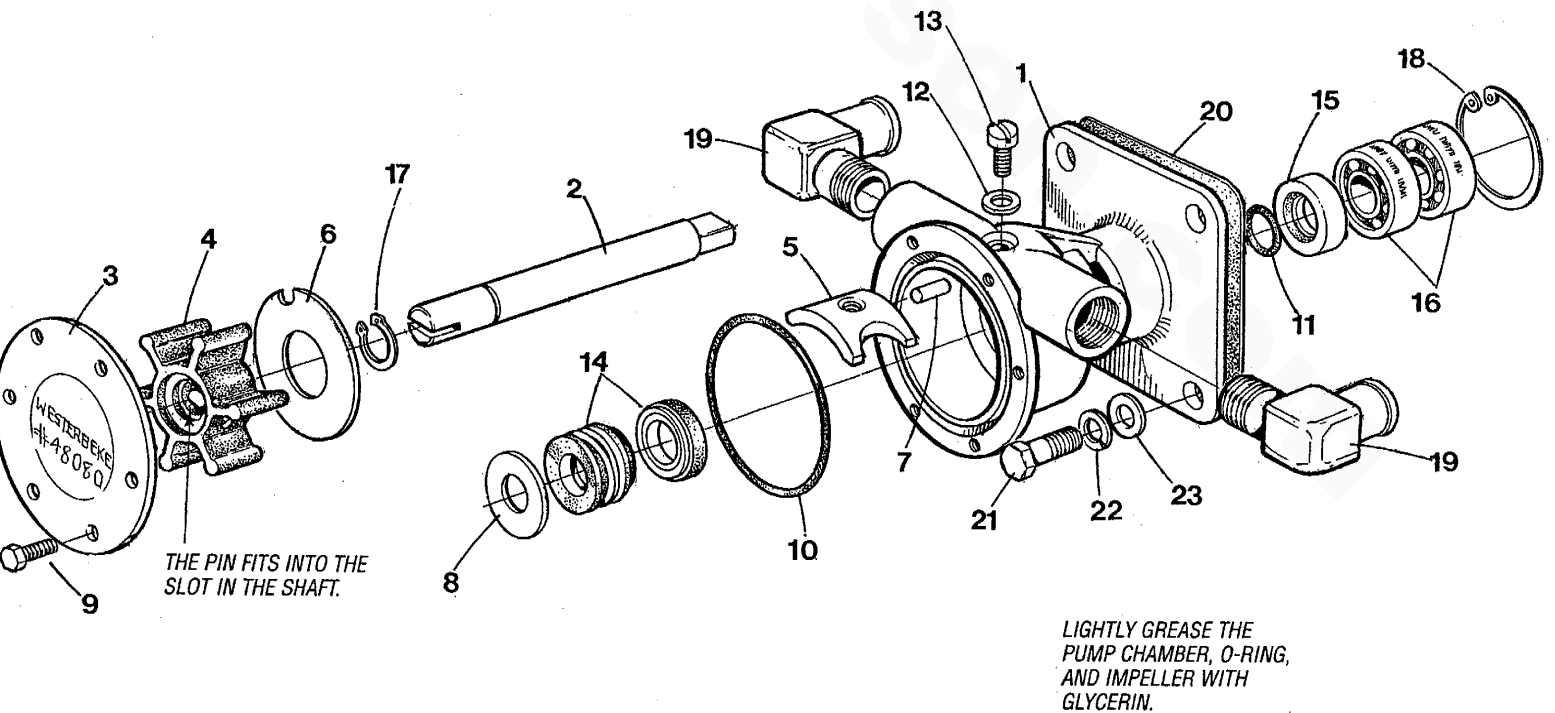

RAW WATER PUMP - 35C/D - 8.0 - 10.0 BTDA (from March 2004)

****************

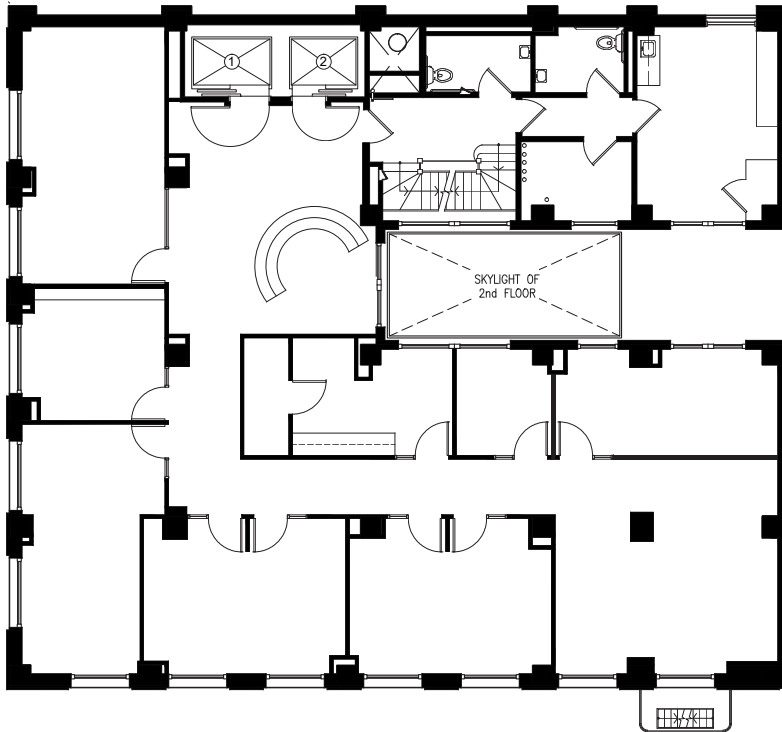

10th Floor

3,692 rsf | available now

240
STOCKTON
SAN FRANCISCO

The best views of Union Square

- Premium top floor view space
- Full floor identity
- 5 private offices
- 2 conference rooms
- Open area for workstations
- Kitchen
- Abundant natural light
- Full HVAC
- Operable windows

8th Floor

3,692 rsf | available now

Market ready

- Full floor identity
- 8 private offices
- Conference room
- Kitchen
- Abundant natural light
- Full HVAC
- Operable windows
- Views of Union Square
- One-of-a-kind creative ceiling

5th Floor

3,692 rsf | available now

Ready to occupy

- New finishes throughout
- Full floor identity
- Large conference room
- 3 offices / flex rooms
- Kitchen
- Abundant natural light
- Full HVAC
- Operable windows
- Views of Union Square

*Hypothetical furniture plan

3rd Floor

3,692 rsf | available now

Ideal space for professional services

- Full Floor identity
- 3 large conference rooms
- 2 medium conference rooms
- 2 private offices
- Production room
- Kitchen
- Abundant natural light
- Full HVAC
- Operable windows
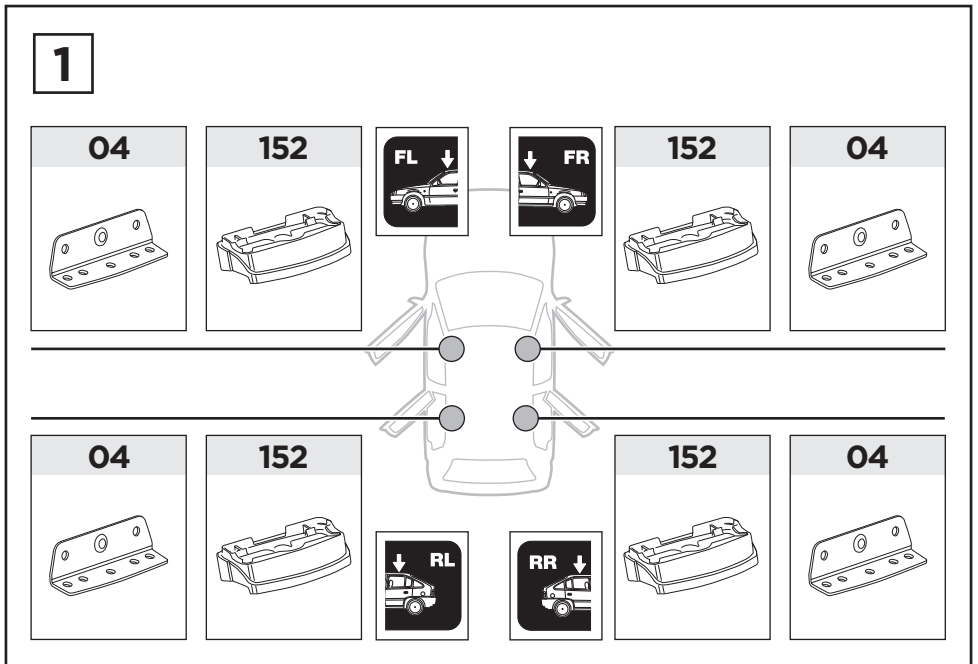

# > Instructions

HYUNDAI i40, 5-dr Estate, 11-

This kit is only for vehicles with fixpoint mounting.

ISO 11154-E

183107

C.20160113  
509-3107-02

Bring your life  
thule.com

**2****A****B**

****************

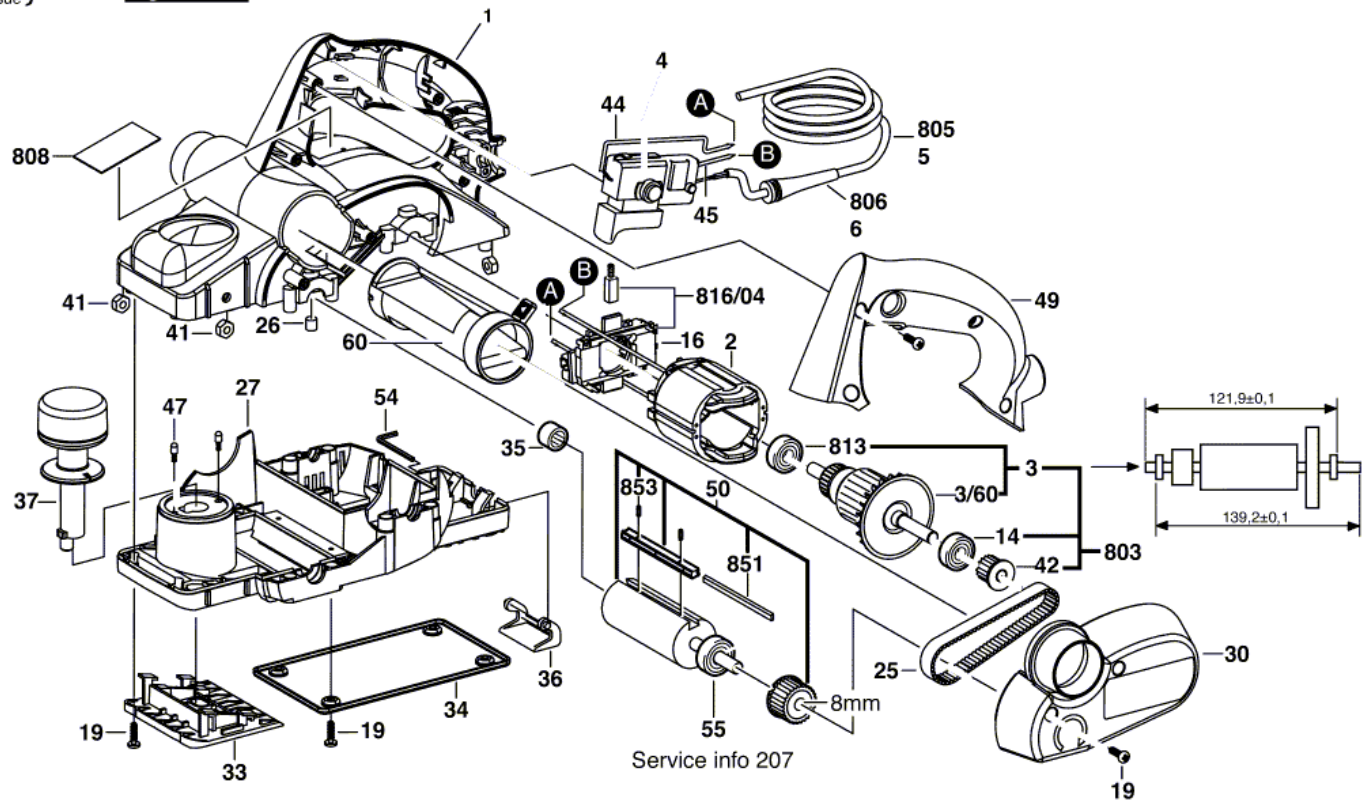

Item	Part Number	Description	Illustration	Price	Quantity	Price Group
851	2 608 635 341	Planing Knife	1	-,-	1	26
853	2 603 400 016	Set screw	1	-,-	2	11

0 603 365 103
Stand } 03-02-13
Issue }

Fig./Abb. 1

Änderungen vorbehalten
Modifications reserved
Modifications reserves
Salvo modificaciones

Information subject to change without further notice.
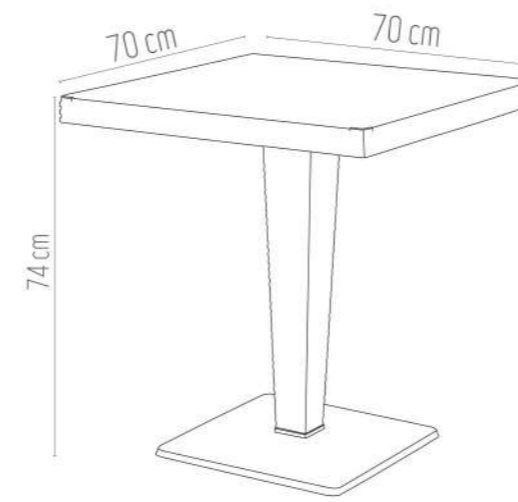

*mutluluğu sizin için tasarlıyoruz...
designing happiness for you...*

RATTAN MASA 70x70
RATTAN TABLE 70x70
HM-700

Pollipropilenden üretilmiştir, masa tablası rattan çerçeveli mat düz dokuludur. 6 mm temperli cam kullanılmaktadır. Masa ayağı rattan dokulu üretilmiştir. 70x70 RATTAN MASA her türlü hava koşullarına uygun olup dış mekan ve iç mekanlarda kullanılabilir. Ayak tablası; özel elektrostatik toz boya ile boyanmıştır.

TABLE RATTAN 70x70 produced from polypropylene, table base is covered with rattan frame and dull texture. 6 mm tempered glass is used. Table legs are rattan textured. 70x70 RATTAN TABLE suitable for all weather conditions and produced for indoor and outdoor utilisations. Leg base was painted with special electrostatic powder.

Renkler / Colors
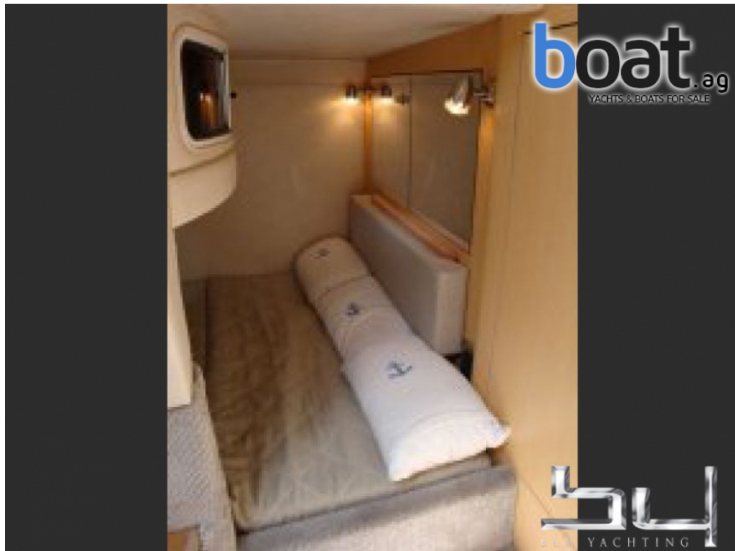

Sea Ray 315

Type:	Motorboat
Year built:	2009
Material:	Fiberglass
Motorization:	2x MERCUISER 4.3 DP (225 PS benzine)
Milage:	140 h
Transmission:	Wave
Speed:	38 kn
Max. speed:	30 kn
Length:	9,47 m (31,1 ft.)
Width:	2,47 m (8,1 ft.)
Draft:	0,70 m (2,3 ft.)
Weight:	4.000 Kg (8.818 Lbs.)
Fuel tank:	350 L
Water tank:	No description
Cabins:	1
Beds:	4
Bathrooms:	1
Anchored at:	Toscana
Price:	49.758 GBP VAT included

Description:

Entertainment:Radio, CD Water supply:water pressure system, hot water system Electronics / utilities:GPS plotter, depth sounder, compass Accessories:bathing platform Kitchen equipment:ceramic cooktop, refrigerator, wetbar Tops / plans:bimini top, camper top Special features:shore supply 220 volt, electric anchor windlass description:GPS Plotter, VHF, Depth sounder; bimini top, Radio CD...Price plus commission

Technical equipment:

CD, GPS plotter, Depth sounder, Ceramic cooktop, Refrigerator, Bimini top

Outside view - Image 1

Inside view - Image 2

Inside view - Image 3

****************

- EXERCISE DETAILS:
Return a word-for-word copy of the lines above from the one holding "CD, GPS plotter, Depth" through the one holding "Inside view - Image 3", with both of them included and nothing besides.

- OUTPUT FOR THIS EXERCISE:
CD, GPS plotter, Depth sounder, Ceramic cooktop, Refrigerator, Bimini top

Outside view - Image 1

Inside view - Image 2

Inside view - Image 3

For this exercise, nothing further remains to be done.